Print out each record below, unaltered and complete, without its images.

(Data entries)
━━━━━━━━━━━━━━━━━━━━
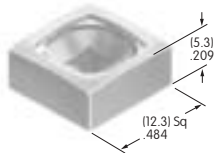

AT4078
Frame for AT4077
Polycarbonate
Colors: B C E F G H
Series: JB
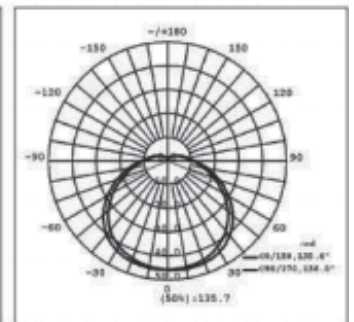

| Code | Voltage | Wattage | Cap | Ra | Color Temperature | Lumen Output |
|---------------------|----------|---------|---------|-----|-------------------|--------------|
| IO-401075/IO-401076 | 120/240V | 3W | E14/E27 | >80 | 2700-6500 | 200lm |
━━━━━━━━━━━━━━━━━━━━
#### Task response
AT4078
Frame for AT4077
Polycarbonate
Colors: B C E F G H
Series: JB

| Code | Voltage | Wattage | Cap | Ra | Color Temperature | Lumen Output |
|---------------------|----------|---------|---------|-----|-------------------|--------------|
| IO-401075/IO-401076 | 120/240V | 3W | E14/E27 | >80 | 2700-6500 | 200lm |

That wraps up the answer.